EXPLAIN ANALYZE — run against real data to verify index usage and row estimates before declaring a query optimized.
- Row counts / size estimates — query
pg_stat_user_tables (Postgres) or information_schema.tables (MySQL) to determine pagination and migration strategy.
- Validate migrations — check current schema state before generating DDL to avoid duplicate columns or conflicting constraints.
Do not suggest schema changes or index additions without first confirming the current schema via DBHub or the codebase.
MUST DO
- List columns explicitly — never
SELECT * in application code (breaks on schema change, pulls unused columns).
NOT EXISTS / LEFT JOIN ... IS NULL instead of NOT IN when the subquery can return NULL (NOT IN with a single NULL returns zero rows — silently).
- Keyset pagination (
WHERE id > :last ORDER BY id LIMIT n) for large / user-driven lists. OFFSET degrades as it grows.
- Parameterize every query — prepared statements / bound parameters. Never string-concat user input even with escaping.
- Index what you filter and join on —
WHERE, JOIN ON, ORDER BY columns. Composite index order matters: leftmost columns usable, tail columns only with leading predicates.
- Transaction-scope migrations where possible — Flyway wraps single migration in a transaction by default; Postgres supports DDL in transactions, MySQL does NOT (each DDL auto-commits, a failed migration leaves partial state).
EXPLAIN ANALYZE before declaring a query "optimized" — optimizer choice depends on stats, table size, and dialect.
MUST NOT DO
- No
NOT IN (SELECT ... ) on nullable columns. WHERE x NOT IN (NULL, 1, 2) returns empty. Use NOT EXISTS or LEFT JOIN ... IS NULL.
- No functions on indexed columns in
WHERE. WHERE YEAR(created_at) = 2024 ignores the index — use WHERE created_at >= '2024-01-01' AND created_at < '2025-01-01'. Or create a functional / expression index.
- No
OR across different columns in WHERE when one side isn't indexed — split into UNION ALL (or create a combined index).
- No
ALTER TABLE ... ADD COLUMN NOT NULL without default on a large table — locks the table, rewrites every row.
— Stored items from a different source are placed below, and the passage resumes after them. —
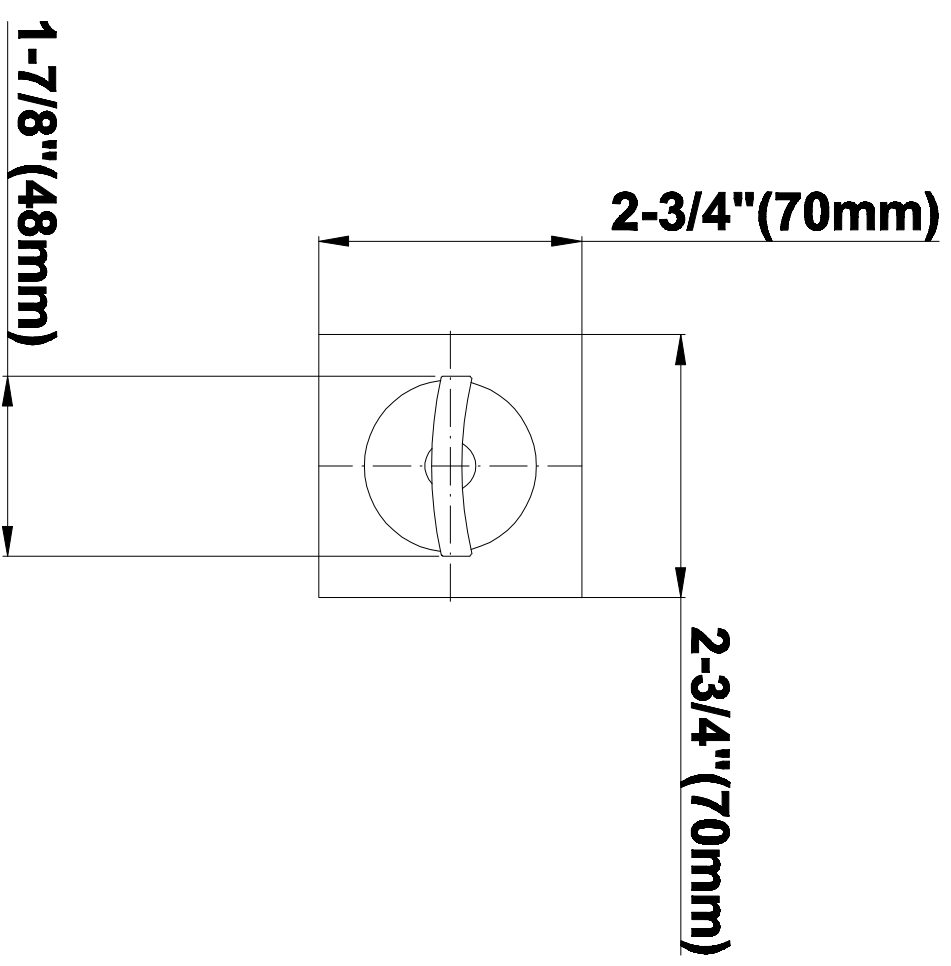

SHOWER
Contemporary Square
Thermostatic Set w/Body Sprays
& Handshower (Rough & Trim)
GC1.132A-C14S

GRAFF®

Information

- 8" Rain Showerhead with 12" Wall-Mounted Shower Arm
- Flush-Mounted Swivel Body Sprays (3 pieces)
- Handshower Set w/Wall Bracket and Multi-function Handshower
- 3/4" Thermostatic Valve
- Stop/Volume Control Valves (3 pieces)
- Flow rates: showerhead \leq 1.8 max gpm, handshower \leq 1.5 max gpm, body sprays \leq 1.5 max gpm each
- Optional Extension Kit Available

SHOWER
Rough
G-8005

GRAFF®

Information

- 18.4 gpm @ 60 psi
- 3/4" universal inlets/outlets with female threads
- Built-in service stops
- Complete serviceability from front of all units
- Supplied with protective plastic cover
- Thermostatic valve uses a paraffin wax cartridge

Finishes

Polished
Chrome

Steelnox®
(Satin Nickel)

G-8095

SHOWER
8" Square Brass Showerhead
G-8438

GRAFF[®]

Information

- 1/4" thick
- 144 no-clog, easy-clean rubber spray nozzles
- Recommended use with ceiling shower arm
- Recommended for use at no more than 10 degrees tilt
- Showerhead flow rate ≤ 1.8 max gpm
- CALGreen

Finishes

Polished
Chrome

SteelInox[®]
(Satin Nickel)

G-8438

Aqua-Sense Collection
Contemporary 8" Square Showerhead

Product Features

- 1/4" thick
- 144 no-clog, easy-clean rubber spray nozzles
- Showerhead flow rate ≤ 1.8 max gpm

Split into: add nullable column → backfill in batches → add NOT NULL constraint.
- No
CREATE INDEX on a large write-active table without CONCURRENTLY (Postgres) / ALGORITHM=INPLACE LOCK=NONE (MySQL 8.0) / WITH (ONLINE = ON) (SQL Server) — blocks writes for the duration.
- No editing applied migrations. Flyway checksums them; Liquibase hashes them. Changing a released
V3__add_email.sql breaks every environment. Add a new migration.
- No
SELECT COUNT(*) on large tables for pagination UIs — on Postgres it's expensive; index-only scan is possible only when the visibility map is fully up-to-date (Postgres 9.2+, write-heavy tables rarely qualify). Use approximate counts (pg_class.reltuples) or a "load more" cursor instead.
- No
DISTINCT to fix duplicate rows — it masks a broken JOIN. Fix the join.
- No implicit type casts in joins (
JOIN x ON x.id = y.id_str) — disables indexes, silently wrong if types differ. Match types.
- No credentials, PII, or secrets in migration files — they go to version control forever.
Reference Guide
| Load when | File |
|---|
| Writing / reviewing Flyway / Liquibase migrations; running online schema changes | references/migrations.md |
| Diagnosing a slow query; choosing indexes; reading EXPLAIN output | references/performance.md |
Output Format
When producing SQL:
- Short plan (1–3 bullets) — what the query / migration does and which tables / indexes it touches.
- The SQL, dialect-qualified when dialect-specific (
-- Postgres only).
- If modifying schema on a large table, describe the locking / backfill plan (not just the DDL).
- For non-trivial queries — include the expected plan shape (index scan vs seq scan) and the index it relies on. If no such index exists, flag that as part of the change.
When reviewing SQL: call out MUST-DO / MUST-NOT violations, point out NULL / type / locking traps, and suggest the minimal fix. Prefer EXPLAIN-verified advice over cargo-cult rules.